When the matter was resolved, the other attorney and I were making small talk, which ended up leading him to ask me to have coffee and discuss potentially working at his firm. I was very intrigued, met him for coffee a week later, and a week after that met with one of the firm's partners for an informal meeting to discuss me potentially joining the firm. A week later, I was asked to submit some of my work so they could gauge my experience in relation to the job, which I happily provided. I was then asked to provide my law school transcript, which I requested and am awaiting. Here is where my issue comes in:
During law school, I was going through an at-the-time unexplained illness which caused me to end up in the hospital on a few occasions, for days at a time.

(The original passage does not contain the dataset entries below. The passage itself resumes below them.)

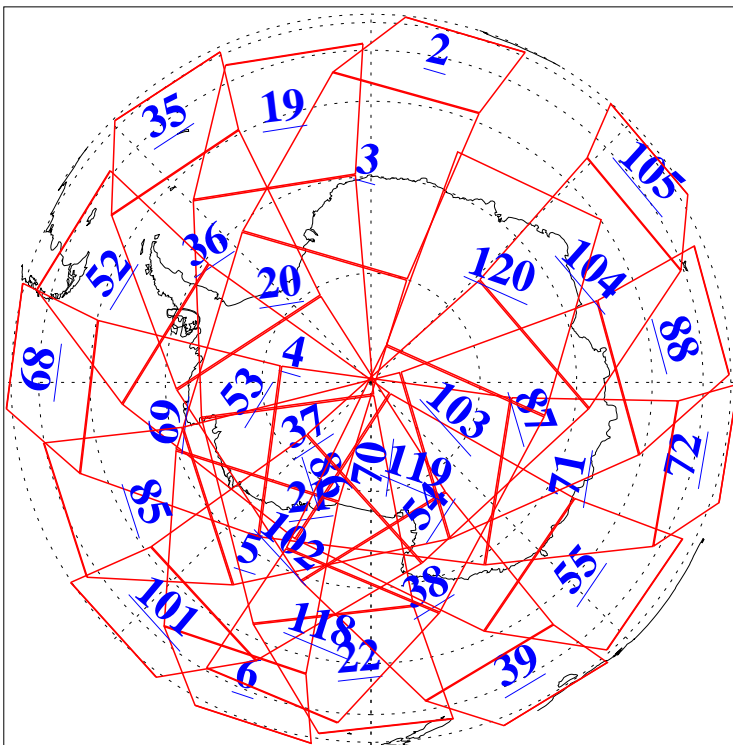

L1B Availability
AMSU Granules: 240
HSB Granules: 0
AIRS Granules: 240

28 Sep 2015
DoY 271
Aqua Day 4895
Granules: 1 to 120

Granules: 121 to 240

Legend: AMSU Available, HSB Available, AIRS Available

L1B Availability
AMSU Granules: 240
HSB Granules: 0
AIRS Granules: 240

28 Sep 2015
DoY 271
Aqua Day 4895

Ascending Granules

Descending Granules

Legend: AMSU Available, HSB Available, AIRS Available

L1B Availability
 AMSU Granules: 240
 HSB Granules: 0
 AIRS Granules: 240

28 Sep 2015
 DoY 271
 Aqua Day 4895

Northern Hemisphere Granules

Southern Hemisphere Granules

Legend: AMSU Available, HSB Available, AIRS Available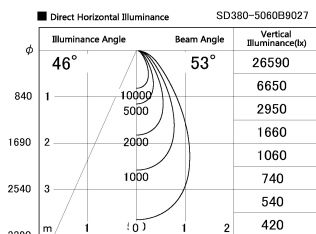

Item no. SD380-5060B9027

Series Name: High power compact tracklight (SD380)

Installation	Track Mount
Type	High power compact tracklight (SD380)
Fixture wattage	46.3W
Beam angle	53 deg
Color Temp.	2700K
CRI	Ra>90
Luminous	5983 lm
Body	Die-castaluminumalloy
Body finish	White
Trim finish	White
Reflector finish	N/A
IP Rate	IP20
Light source	COB module
Input Voltage	AC220~240V
Dimming Type	Non-Dimmable
Certificate	CE,CCC
Cut Hole	N/A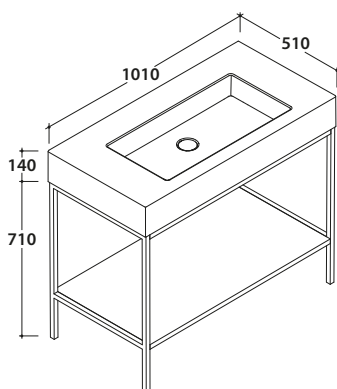

Basin 101.51 h 14 cm. Wall-hung installation or furniture basins. Fixing kit included. Weight 31 Kg

Cod. **POLCR**

Brass towel rail for wall hung washbasin

Cod. **FI012BI**

Push open valve drain with ceramic top for basins with overflow. Weight 0,5 Kg

Structure in metal 100.50 h 71 cm. Weight 14 Kg

TL100BO

Matt white

TL100GO

Matt grey

TL100RU

Rust

* For taps mounted on counter top

Steel towel rail for wash basin structure

POSBO

Matt white

POSGO

Matt grey

POSRU

Rust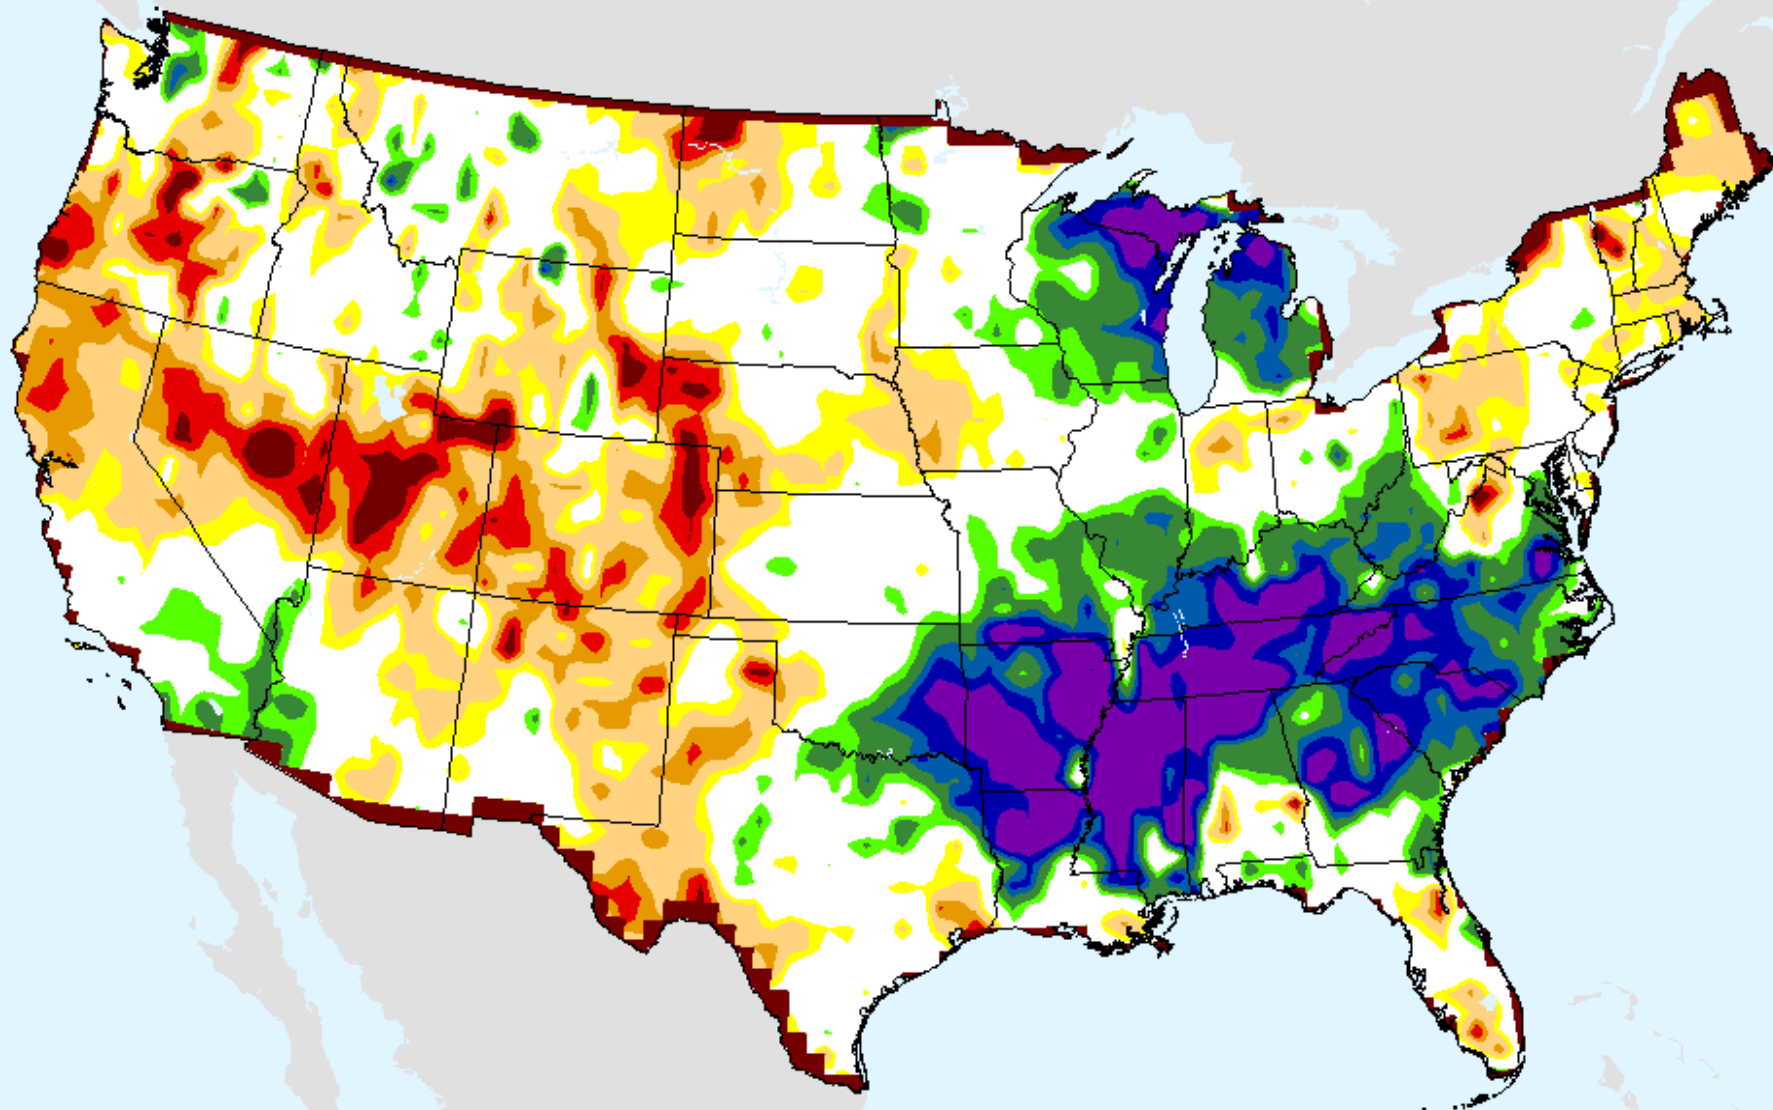

CPC 24-month SPI

As of: Tuesday, September 29, 2020

USDM for: Sep. 22, 2020

SPI (USDM)

CPC 24-month SPI

As of: Tuesday, September 29, 2020

Vegetation Health Index

As of: Tuesday, September 29, 2020

This affected my school work and resulted in me doing terribly during my first year, and although progressively better in the years to follow, I still did not get the GPA an employer would respect. I did end up getting an award for the highest gain in GPA during my law school tenure, but the end result is still something I'm not proud of. Since taking the bar exam 10 years ago, my illness has been diagnosed and my health issues have been resolved.
Herein lay my question: How do I explain this to this potential new employer? I don't want to come off defensive or like I'm making excuses, but it's definitely something I would want to know as an employer. Also, this is an ideal position during a time when I was already looking to leave my current firm for something more fitting.
Thoughts on how to bring this up? Any advice is appreciated!